Самостоятельность не только дело наживное, но ещё и выборочное. Если приглянешься судьбе – выходит, облагодетельствует, не столкнёт на дно жизни. Суровая действительность была к Николаю снисходительна. Денег у него, конечно же, в ту пору не было, односельчане, у которых жил, оказались людьми сердобольными и чуткими – подкармливали. Одежда на нём, как не относился к ней бережно, прохудилась – так и здесь отдали обноски старшего сына. Но всё равно было очень трудно. Одно спасение -учёба и доброе отношение первых учителей к подростку. Однажды, ближе к весне, его вызвали в кабинет директора школы. Удивлённый и растерянный Николай зашёл после короткого стука в дверь. Мужчина, по-хозяйски расположившийся за преподавательским столом, листал какие-то бумаги, попивал чай, очень интеллигентно поднося горячий стакан к губам. На спинке кресла висел кожаный плащ: в таких плащах, как представлялось тогда юноше, ходили лишь военные начальники. Мансура застыл в растерянности посреди кабинета. Он настолько растерялся, что даже не мог поверить, что именно его ждёт степенный, очень взрослый, приятной наружности мужчина.
– Проходите, молодой человек! Не тушуйтесь! – мягким густым басом обратился мужчина, вставая ему навстречу. Френч, плотно облегающий статную, чуть выше среднего роста фигуру, произвёл на Николая глубокое незабываемое впечатление. Если б не располагающая улыбка и светящиеся приветливым вниманием синие глаза, Мансура никогда не осмелился бы заговорить с этим человеком.
– Я вас именно таким и представлял. Очень рад знакомству! Станкевич Эдуард Рамилович, – и новый знакомый протянул руку для пожатия. Ни
при первой встрече, ни при второй, что состоится тремя днями позже, Эдуард Рамилович не обмолвился о месте своей работы. Кратковременные беседы внешне выглядели непринуждёнными: откуда молодой человек родом, кто родители, не партизанил ли отец, что делали в городе, а где отец сейчас? Николай не понимал до конца, к чему все эти расспросы, но интуиция подсказывала: интересуются им неспроста. Всё прояснилось несколько позже, когда Станкевич пригласил Николая посетить здание на Литвинова – там располагался штаб местных чекистов. Станкевич, оказывается, руководил отделом контрразведки Сибирского отделения НКВД, и для Николая знакомство с ним стало судьбоносным.

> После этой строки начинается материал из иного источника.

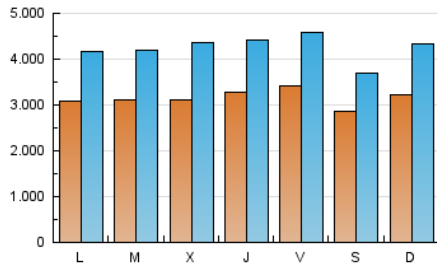

4. Gràfiques (Nacional)

4.1 Per dia de la setmana (promig)

N. únics / Visites (x 100)

Какая-то размытая тень вдалеке вдруг оборвала воспоминания. Мансу-ра не сразу разобрался в причине внезапного замешательства. Там, вдалеке, на взгорье, где обрывалась кромка синего леса, в предрассветных сумерках взгляд успел уловить длинный забор… Память скачками, в мятущейся лихорадочной пляске, расталкивая незряшные видения, остановилась вдруг у какой-то черты. Забор… Забор… Уже покосившийся, уже почерневший от времени, изрешеченный прорехами… Забор исчез из вида, а разбуженные воспоминания вскипели в нём с неуёмной силой. И сразу стало как-то тесно у окна… Ему всё чудилось, что он остался там, на том взгорье, что было огорожено покосившимся забором. И воображаемый его взор нырнул туда, за колючую проволоку. Нырнул туда – и ничего не увидел, кроме тьмы. Но даже из той тьмы пронзительно ясно выступили все события роковой для него весны сорок девятого года.